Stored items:
=== Section Start ===
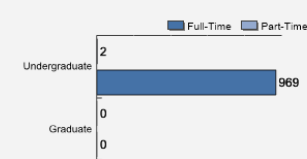

Fall 2018 Enrollment

Gender: All Undergraduates

Women	51%
Men	49%
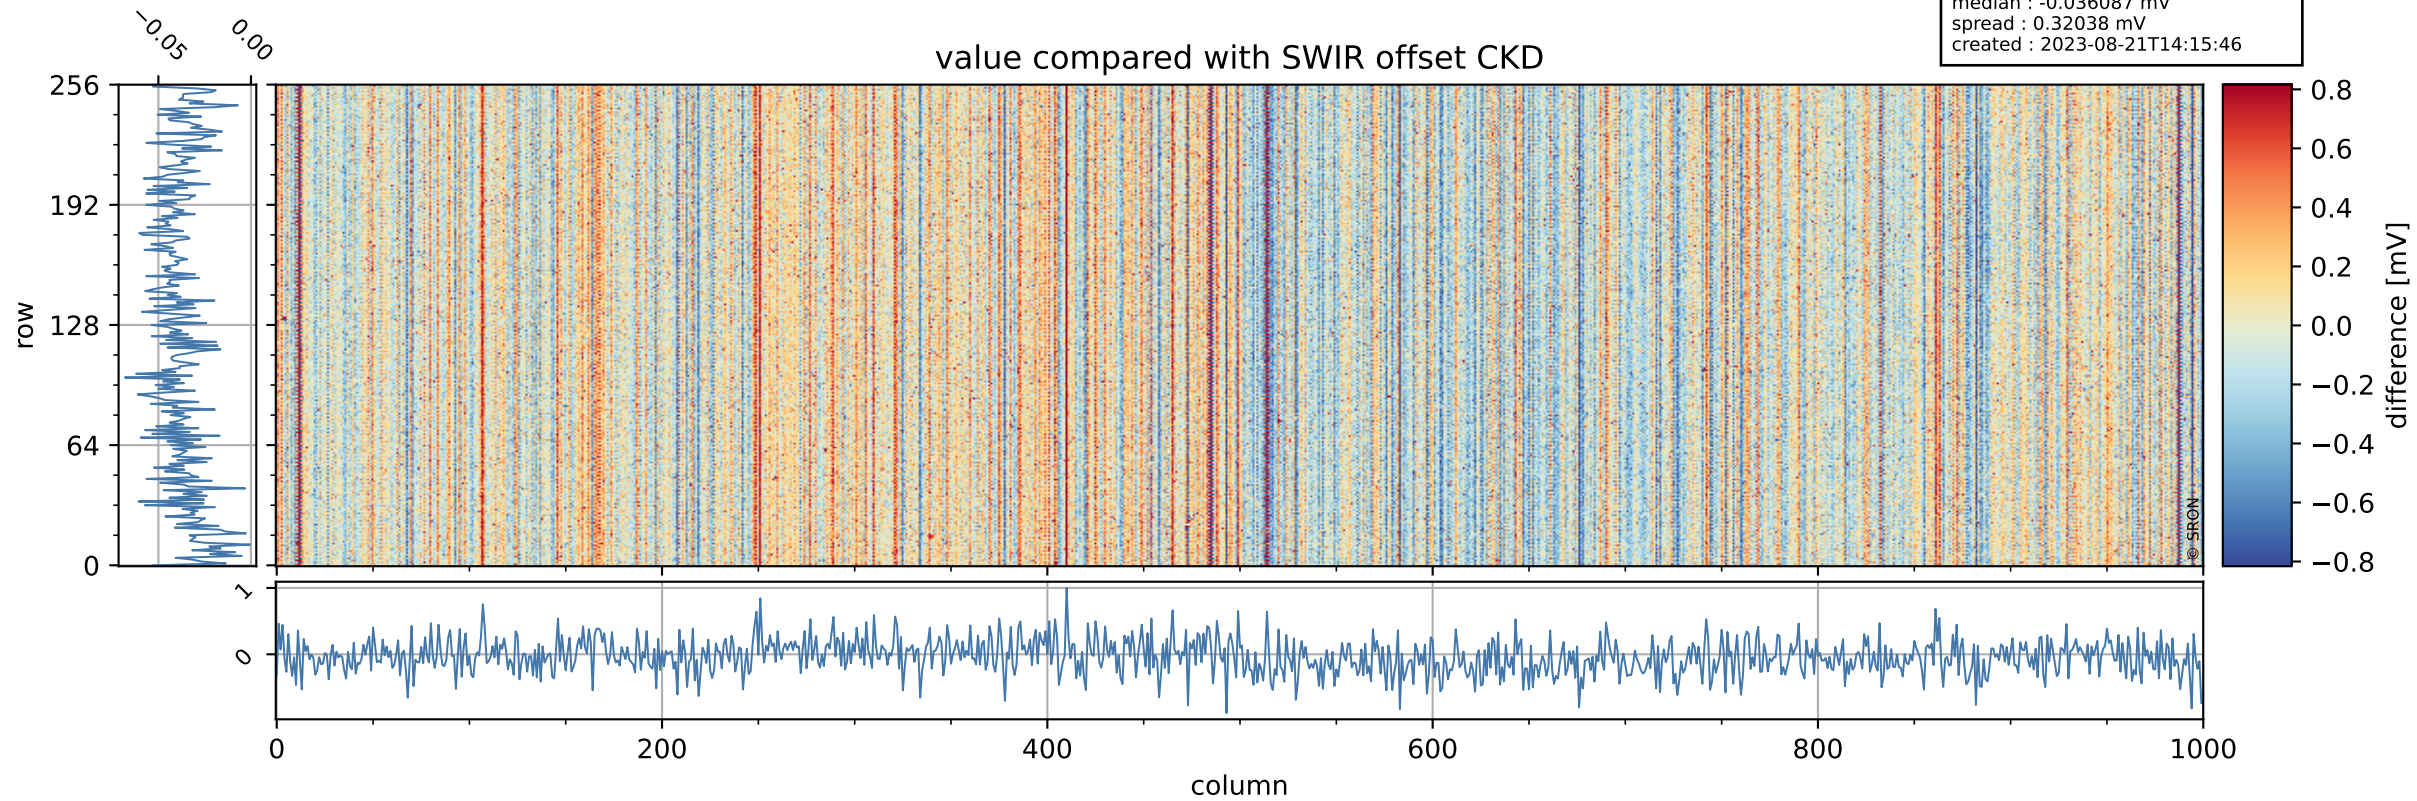

Tropomi SWIR offset (official)

orbits : 18 in [3727, 3772]
coverage : 2018-07-03 / 2018-07-06
median : 0.52598 V
spread : 0.035936 V
created : 2023-08-21T14:15:45

value detector map

Tropomi SWIR offset (official)

orbits : 18 in [3727, 3772]
coverage : 2018-07-03 / 2018-07-06
median : 0.036209 mV
spread : 0.02109 mV
created : 2023-08-21T14:15:45

Tropomi SWIR offset (official)

orbits : 18 in [3727, 3772]
coverage : 2018-07-03 / 2018-07-06
median : -0.036087 mV
spread : 0.32038 mV
created : 2023-08-21T14:15:46

value compared with SWIR offset CKD

Tropomi SWIR offset (official) ground-tracks of Sentinel-5P

orbits : 18 in [3727, 3772]
coverage : 2018-07-03 / 2018-07-06
created : 2023-08-21T14:15:46

Tropomi SWIR offset (official)

orbits : [2827, 3772]
coverage : 2018-04-30 / 2018-07-06
created : 2023-08-21T14:15:46

trend of detector median & temperatures
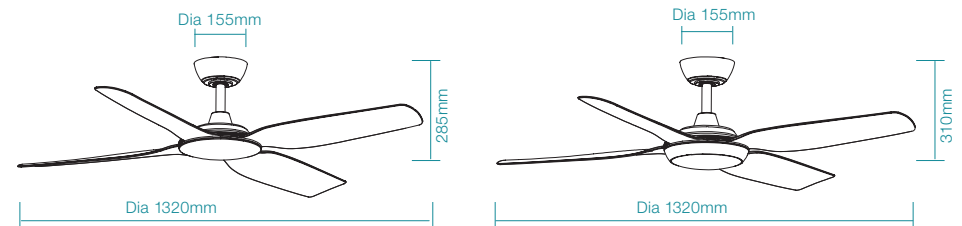

FAN LED LIGHT

DIMENSIONS

FAN ONLY
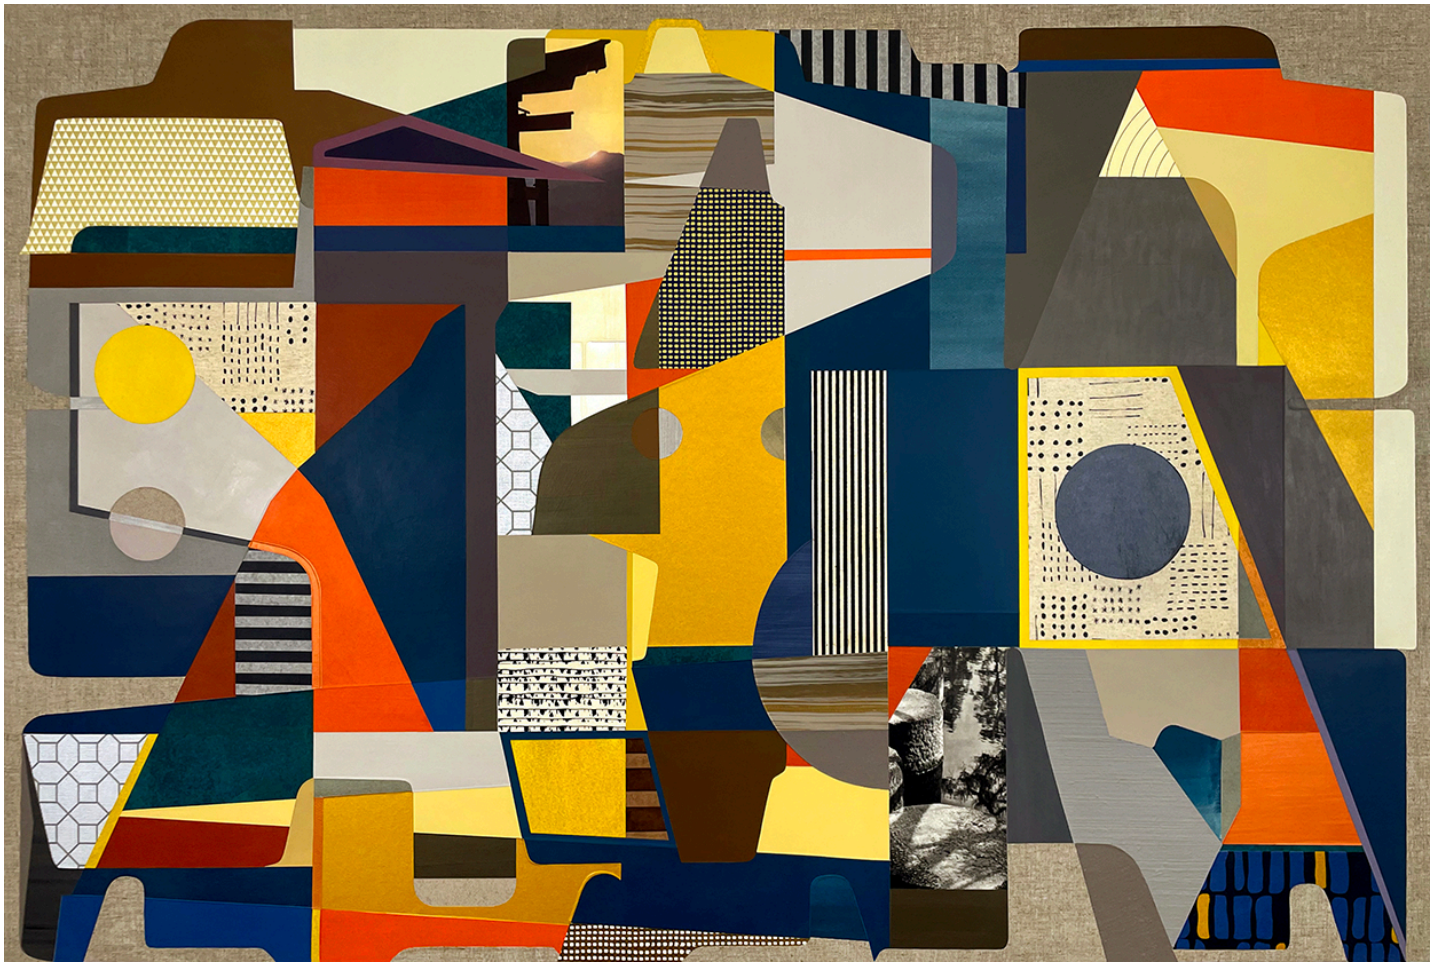

LANOUE GALLERY

Aaron Wexler, *Bridge*
Mixed media on linen over panel, 40 x 60 in.
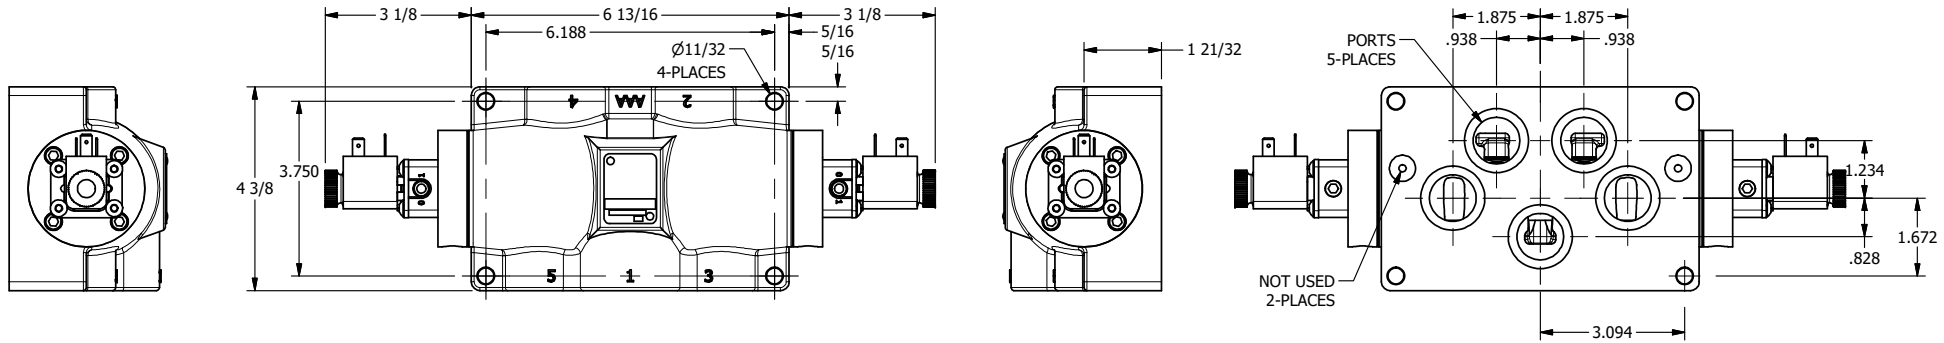

4

3

2

1

AAA
PRODUCTS
INTERNATIONAL

**AAA PRODUCTS
INTERNATIONAL**
7114 Harry Hines Blvd
Dallas, TX 75235

TITLE: 1" SIDE PORT, DBL SOL, 3 POS,
SPR CTR, SOL SHFT, CLSD CTR SPL,
DUST EXCLDR, EXT PILOT

DRAWING NO.:
DIM_ESY8PLZ
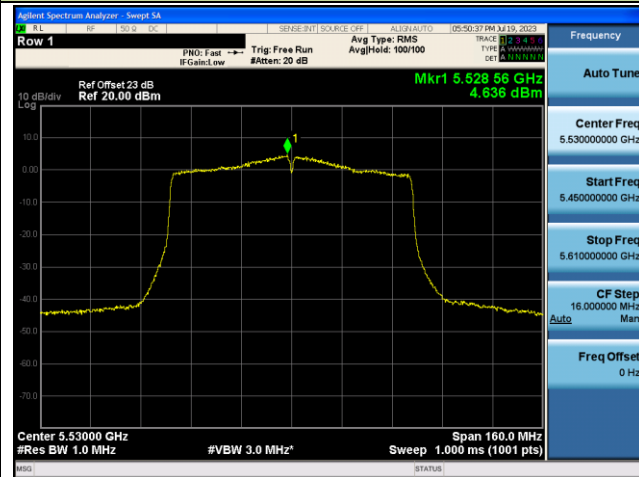

Channel 38 (5190MHz)

Channel 46 (5230MHz)

Channel 54 (5270MHz)

Channel 62 (5310MHz)

Channel 102 (5510MHz)

Channel 110 (5550MHz)

802.11ac-VHT80 Power Spectral Density - Ant 1

Channel 42 (5210MHz)

Channel 58 (5290MHz)

Channel 106 (5530MHz)

Channel 122 (5610MHz)

Channel 138 (5690MHz)

Channel 155 (5775MHz)

802.11ac-VHT160 Power Spectral Density - Ant 1

Channel 50 (5250MHz)

Channel 114 (5570MHz)
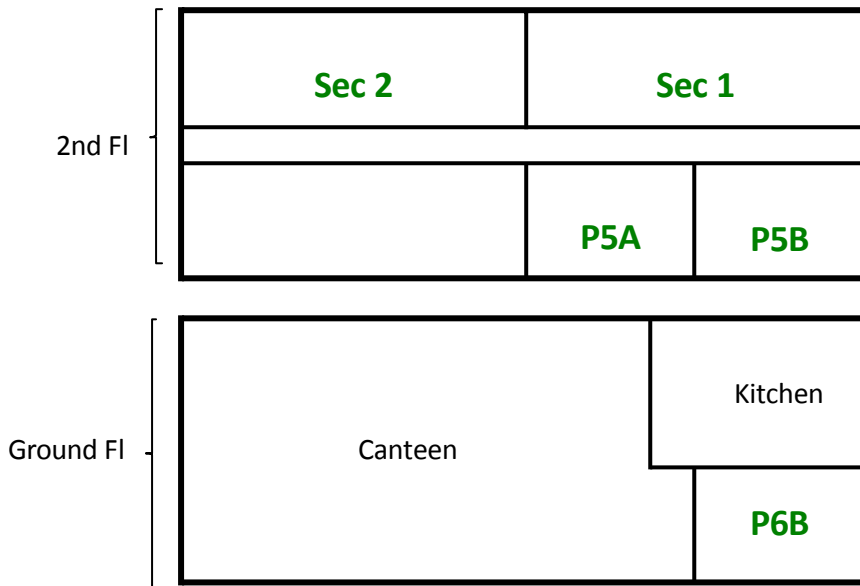

2010 Weekend Catechism Programme

Allocation of Rooms for Saturday (Primary 5 to Sec 3)

Sacred Heart Hall

Ignatius Hall

Kingsmead Hall

Church (Attic Level)

Allocation of Rooms for Saturday (Primary 1 to 4)

@ Maris Stella Kindergarten

2010 Weekend Catechism Programme

Allocation of Rooms for Sunday (Primary 5 to Sec 3)

Sacred Heart Hall

Ignatius Hall

Kingsmead Hall

*SP1 - Primary Special Preparation Class

Church (Attic Level)

*SP2 - Secondary Special Preparation Class
=== Section End ===
What the task requires
For the word "median", count the lines of the data that contain it and state only that count.

Response area
4